If not you can do it yourself, but it is harder then you think it is. Breaking the concrette is not the hard part. You can rent a eltc jack hammer. Cutting the concrette, drilling and expoy the rebar back in, mixing and placing the concrette back will be the hard part.

After cost of rental equiment, concrette, other misc supplies, and your time might be a wash and worth paying someone to do the job.


----------



## gm (Jun 26, 2004)

*post tension slab?*

I'm sure if it is post tension or not. House is only 6 years old, if that tells anything.

Thanks for the input.
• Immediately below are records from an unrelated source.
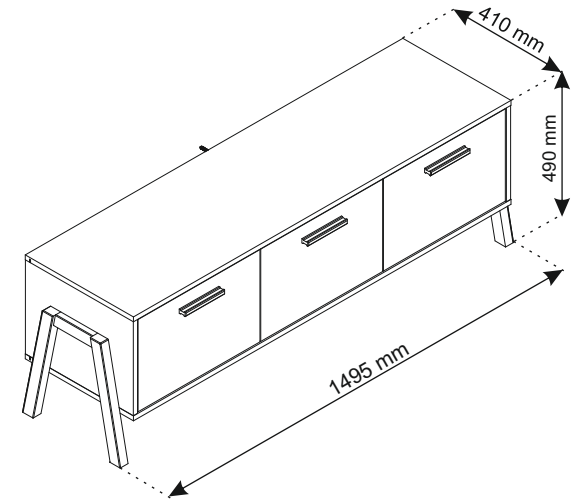

## Belle TV Stand 3D

Code	Dimensions				Package
001	1431	410	16	1	1/1
002	1431	410	16	1	1/1
003	302	462	16	3	1/1
004	308	409	16	1	1/1
005	308	409	16	1	1/1
006	308	372	16	2	1/1
007	1416	326	2,5	1	1/1
008	370	370	30	2	1/1
accessories				1	1/1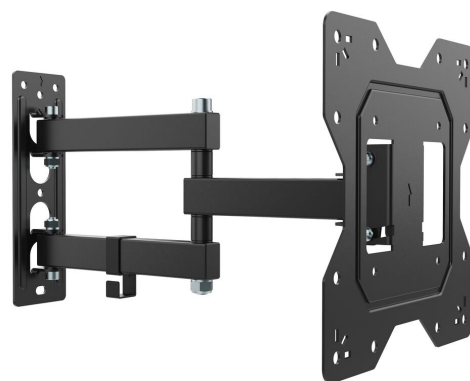

## UP 2045 Fuldt bevægeligt tv-vægbeslag S

### Største fordele

- Se fra hvor som helst i lokalet: Drej op til 180°
- Undgå genskær: tilt op til 10°
- Kabelklem medfølger: Før dine kabler fra TV til væg
- Testet op til 3 gange den maksimale TV-vægt
- Pålidelig kvalitet til en overkommelig pris

UP 2045 kombinerer et slankt, minimalistisk design med pålidelig styrke for at holde dit TV sikkert. Vogel's TV-beslag er bygget til pålidelighed og er grundigt testet. Det enkle design fungerer fejlfrit og sikrer mange års behagelig visning.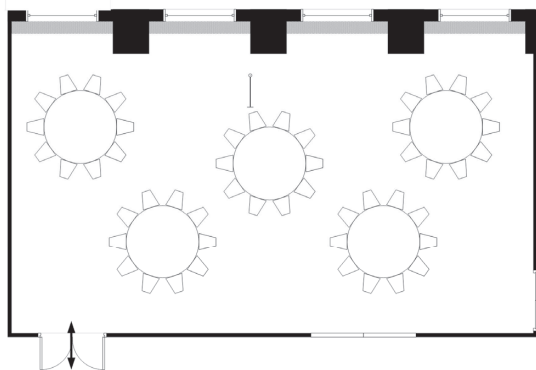

こまくさ [別館4階]

規模・面積・収容人数

会場名	天井高 (m)	面積		収容人員			
		m ²	坪	ディナー	buffet	スクール	シアター
こまくさ	2.5	110	33	60	80	48	72

設備その他

用途	プライベートなお集まりや記念日でのお食事会等
床面仕上	全面カーペット敷き
舞台設備	なし
照明設備	室内調光設備あり
音響設備	スピーカーシステム (吊下げメインスピーカー4台)、ワイヤレスマイク2本 CDプレーヤー1台、音声ミキサー装置1台
搬入設備	西5丁目側スロープより搬出入
空調設備	完備
通信設備	専用LAN配線1口、WiFi環境あり
常設コンセント	平行2回路4kVA
供給可能電力	なし

レイアウト例

シアタースタイル

スクールスタイル

ディナースタイル

buffetスタイル

I had not really consider potential damage to the slab in the process.

Any suggestions on someone in the Clear Lake / Friendswood / Pearland area for such job?

GM


----------



## CAPT.D (Oct 13, 2005)

pm sent


----------



## Horns1 (Sep 2, 2005)

i don't know if this will work since your flange is offset, but here is what I did - took a dremmel tool & cut out the flange below the floor (so the new one would sit flush) & then HD sells a flange that is made to slide into the old one - so it just sits inside the "old" pipe going down in the slab.


----------



## Bayman (Oct 18, 2004)

I had to replace mine when I broke it while chipping out old tile. I used a hammer and chisel and just chipped it out piece by piece. Slid a new one in, glued it and it was good to go.


----------